══ Available records
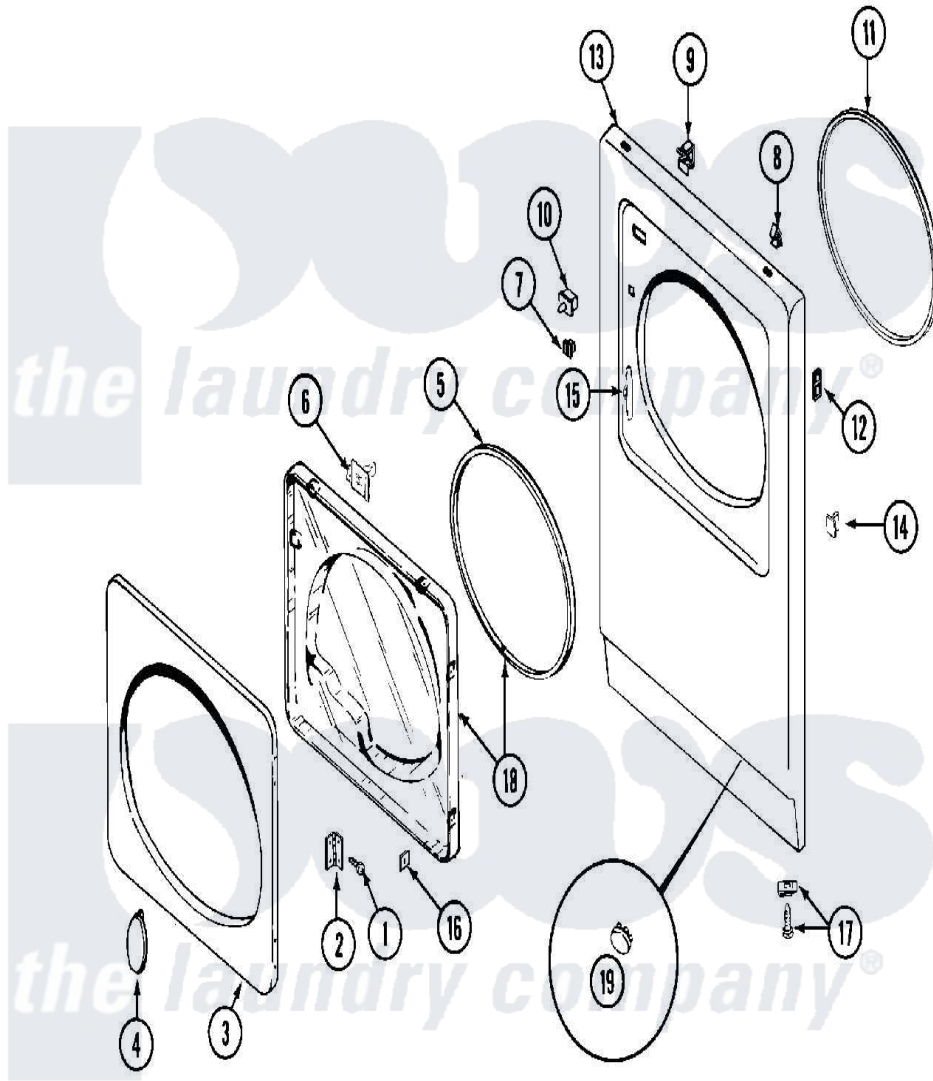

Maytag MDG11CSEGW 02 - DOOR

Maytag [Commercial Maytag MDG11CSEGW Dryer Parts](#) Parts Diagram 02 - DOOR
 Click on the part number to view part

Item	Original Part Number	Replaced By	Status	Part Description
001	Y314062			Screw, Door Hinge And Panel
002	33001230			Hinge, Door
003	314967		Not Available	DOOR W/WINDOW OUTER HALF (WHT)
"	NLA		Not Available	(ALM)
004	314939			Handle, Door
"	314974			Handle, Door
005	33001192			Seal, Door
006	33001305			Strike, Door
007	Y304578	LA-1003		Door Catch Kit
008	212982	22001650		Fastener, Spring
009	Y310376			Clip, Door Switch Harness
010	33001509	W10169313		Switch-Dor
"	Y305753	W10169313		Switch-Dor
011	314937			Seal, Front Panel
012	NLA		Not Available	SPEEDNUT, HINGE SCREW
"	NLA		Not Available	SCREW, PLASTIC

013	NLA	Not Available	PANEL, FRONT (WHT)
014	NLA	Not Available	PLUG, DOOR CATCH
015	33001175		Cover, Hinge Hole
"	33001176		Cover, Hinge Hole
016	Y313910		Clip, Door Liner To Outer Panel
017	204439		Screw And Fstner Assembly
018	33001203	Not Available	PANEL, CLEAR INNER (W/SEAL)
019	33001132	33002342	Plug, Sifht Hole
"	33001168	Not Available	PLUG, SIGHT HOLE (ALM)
════
Given the records above, reproduce precisely and only the lines between the line holding "Hinge And Panel" and the line holding "CLEAR INNER (W/SEAL)", inclusive.

001	Y314062			Screw, Door Hinge And Panel
002	33001230			Hinge, Door
003	314967		Not Available	DOOR W/WINDOW OUTER HALF (WHT)
"	NLA		Not Available	(ALM)
004	314939			Handle, Door
"	314974			Handle, Door
005	33001192			Seal, Door
006	33001305			Strike, Door
007	Y304578	LA-1003		Door Catch Kit
008	212982	22001650		Fastener, Spring
009	Y310376			Clip, Door Switch Harness
010	33001509	W10169313		Switch-Dor
"	Y305753	W10169313		Switch-Dor
011	314937			Seal, Front Panel
012	NLA		Not Available	SPEEDNUT, HINGE SCREW
"	NLA		Not Available	SCREW, PLASTIC

013	NLA	Not Available	PANEL, FRONT (WHT)
014	NLA	Not Available	PLUG, DOOR CATCH
015	33001175		Cover, Hinge Hole
"	33001176		Cover, Hinge Hole
016	Y313910		Clip, Door Liner To Outer Panel
017	204439		Screw And Fstner Assembly
018	33001203	Not Available	PANEL, CLEAR INNER (W/SEAL)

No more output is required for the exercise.